Durante la XII edición del evento “90 minutos por la vida”, los costarricenses pudimos enteramos de una nueva deficiencia de la administración pública, que evidencia cómo el poder político maneja a su antojo los bienes del Estado, sin límites ni controles, lo que deviene en actos de corrupción.
Cuando se administra un espacio con 35.000 localidades que deben ser vendidas para un evento, todo ese aforo debe ser objeto de un registro previo en tesorería, ya sea por parte del Estado –si se trata de una actividad especial– o por un particular que, mediante arriendo, se convierta en promotor comercial.
Los tiquetes son papeles con valor. Su control debe respaldarse por medio de un asiento contable que permita fiscalizar la emisión total del aforo, y la liquidación posterior de la operación económica (ingreso por venta y boletos no vendidos). Colocar 35.000 localidades sin un control de tesorería facilita negocios corruptos, que el Estado no debe propiciar al solicitar un porcentaje de los tiquetes cuyo valor comercial no queda registrado dentro del monto del alquiler del inmueble. Así, no hay forma de controlar el uso adecuado de ese recurso.

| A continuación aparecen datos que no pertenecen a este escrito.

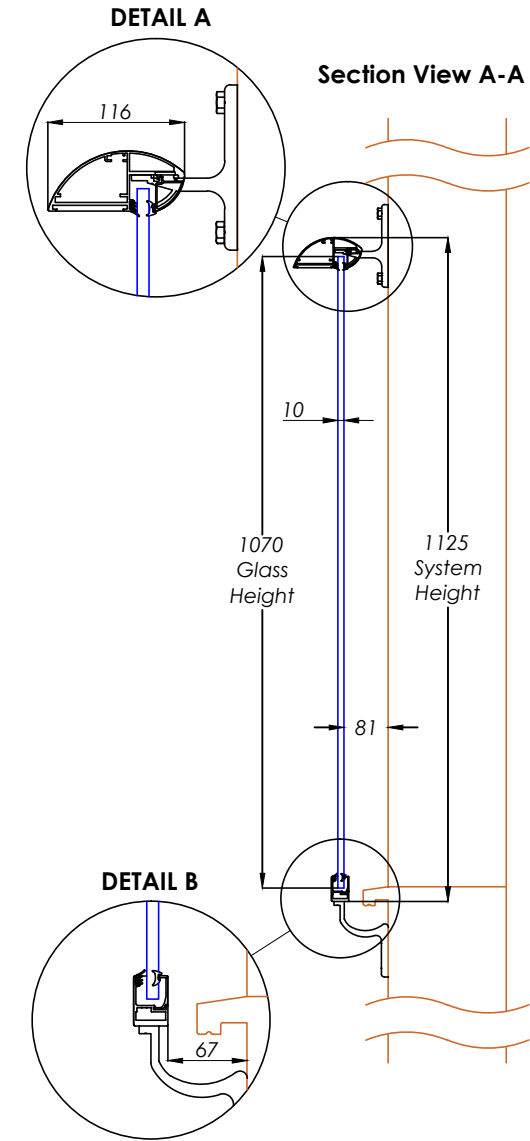

B2BAL 168 - Aerofoil Juliet Balcony (Aerofoil Handrail) 1680mm

Hybrid® by **Balconette**

BALCONETTE, UNIT 6 SYSTEMS HOUSE, EASTBOURNE ROAD, BLINDLEY HEATH, SURREY, RH7 6JP

TEL: 01342 410 411 FAX: 01342 410 412 WWW.BALCONETTE.CO.UK

UNLESS OTHERWISE STATED ALL DIMENSIONS IN MILLIMETERS. DO NOT SCALE FROM THIS DRAWING.

Los lamentables hechos recientes nos indican que la administración del Estadio Nacional debería recaer en una entidad ajena al poder político.

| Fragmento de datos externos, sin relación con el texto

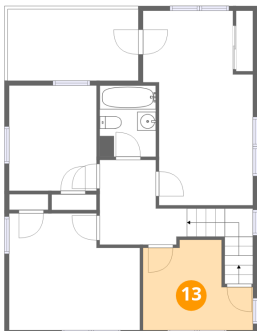

2704 Floraland Drive Northwest, Roundhill, Roanoke, Roanoke city, Virginia, United States, 24012

12 Floor 3 - Primary Bedroom

Dimensions: 11'9" x 20'9"
Area: 207 sq. ft
Counted as living area: Yes

Heated: Yes
Finished: Yes
Enclosed: Yes
Contiguous: Yes
Permitted: Yes
Wet space: No
Addition: No
Conversion: No

13 Floor 3 - Bedroom

Dimensions: 11'9" x 9'8"
Area: 93 sq. ft
Counted as living area: Yes

Heated: Yes
Finished: Yes
Enclosed: Yes
Contiguous: Yes
Permitted: Yes
Wet space: No
Addition: No
Conversion: No

Esa entidad podría administrar adecuadamente, de manera autónoma y en beneficio de la población, esa joya arquitectónica.

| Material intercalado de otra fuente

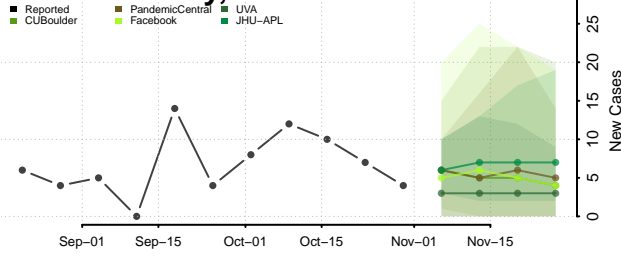

Kidder County, North Dakota
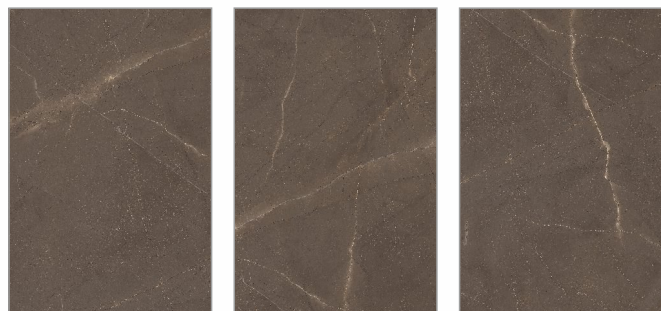

3 - Random Faces

Finish: **HighGlossy** | Size: **1200X1800mm** | Thickness: **9mm**

El Icoder nos ha informado de que se está gestando una política de realización de 4 o 5 megaeventos anuales. Esta programación procura generar los recursos económicos necesarios para el mantenimiento del inmueble. Pareciera que nadie le ha dedicado tiempo ni estudio al valor operacional que representa ese estadio como actividad económica.
Estructurar los recursos para mantener el Estadio Nacional de esta manera es posible que desestimule a la empresa privada de realizar los eventos por su alto costo y, en consecuencia, deberá ser el Estado el que tenga que asumir ese costo vía presupuesto, de manera que estas magníficas instalaciones deportivas serán usadas en un futuro próximo únicamente para actividades políticas y comunales dentro de un deterioro casi seguro que se deriva del mal manejo que tradicionalmente el Estado da los bienes y servicios de todos los costarricenses.
Conviene que la entidad que tome la administración pueda conocer previamente cómo el Estadio Azteca gestiona, promueve y realiza un programa intensivo de eventos, que ronda las 200 actividades anuales, con un mantenimiento de primer orden de la cancha y en sus instalaciones en general.